==== MATERIAL FOR THIS EXERCISE ====
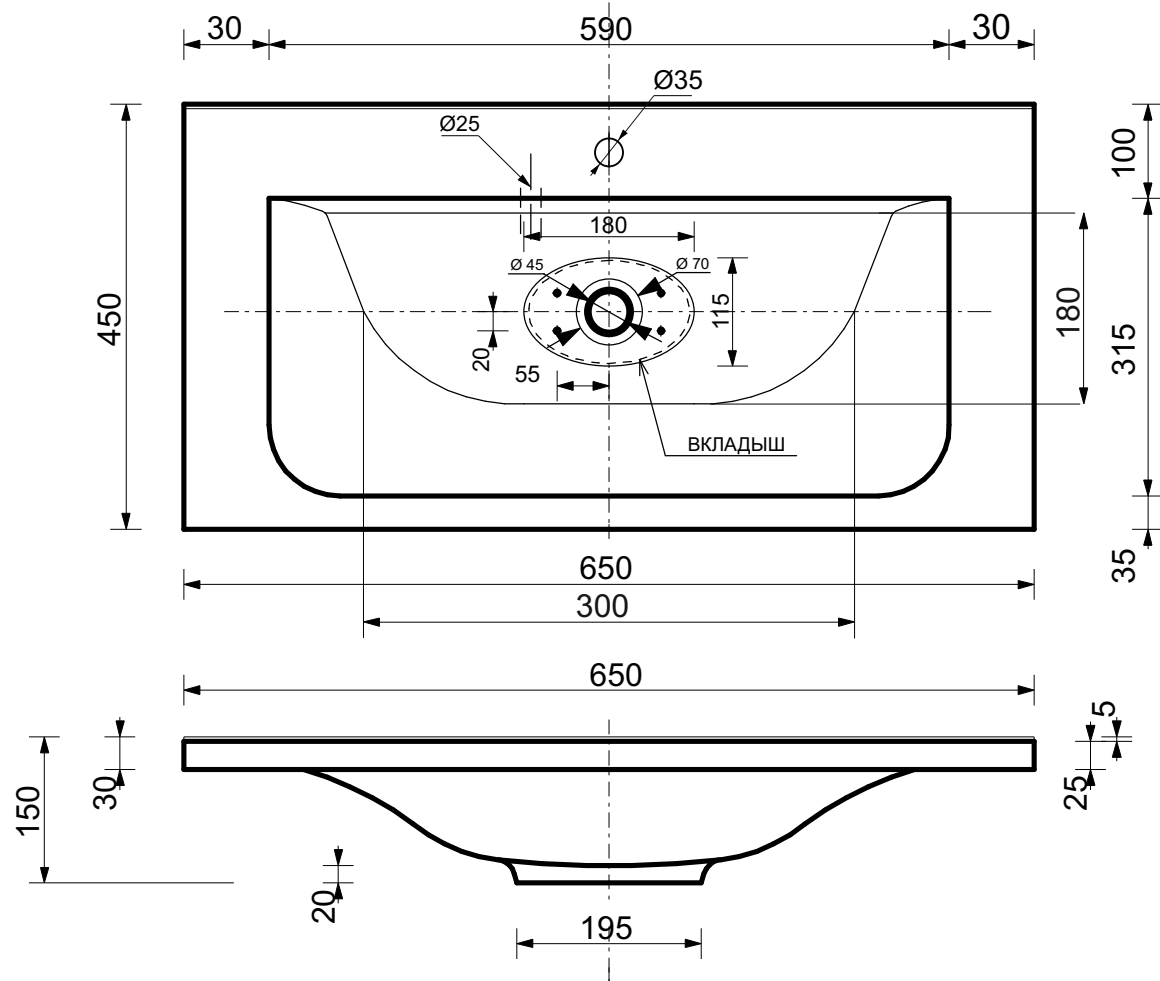

**ЭСТЕТ**

г. Кострома, ул. Московская д. 105  
тел. 8 (4942) 33 61 71

**РАКОВИНА "БАЛИ" 650x450**

**ПРОИЗВОДСТВО ИЗДЕЛИЙ ИЗ ЛИТЬЕВОГО МРАМОРА**

\*Допустимое отклонение линейных размеров  $\pm 5$ мм

**ООО "ЭСТЕТ"**
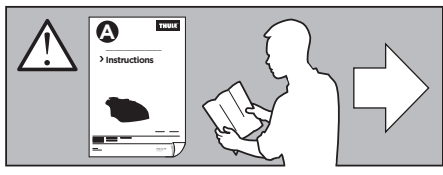

3 mm

2 Nm

**C**

**6** A

**B**

**WW** ▶  Thule Sweden AB, Box 69, 330 33 Hillerstorp, SWEDEN  
**NA** ▶  Thule Inc., 42 Silvermine Road, Seymour, Connecticut 06483, USA

 [info@thule.com](mailto:info@thule.com)  
 Phone: 800-238-2388
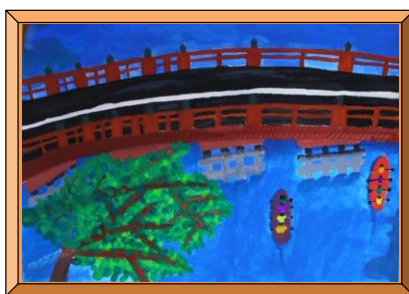

祖父母と行った石山寺
鹿谷 優衣奈 (中学校2年生)

緑と青と瀬田の唐橋
服部 七海 (中学校2年生)
====
● **THE TASK**: Each line from the one holding "Phone: 800-238-2388" down to the end of the records is to be reproduced unaltered, and the pictures are to be omitted.

● **RESULT FOR THIS EXERCISE**:
 Phone: 800-238-2388

祖父母と行った石山寺
鹿谷 優衣奈 (中学校2年生)

緑と青と瀬田の唐橋
服部 七海 (中学校2年生)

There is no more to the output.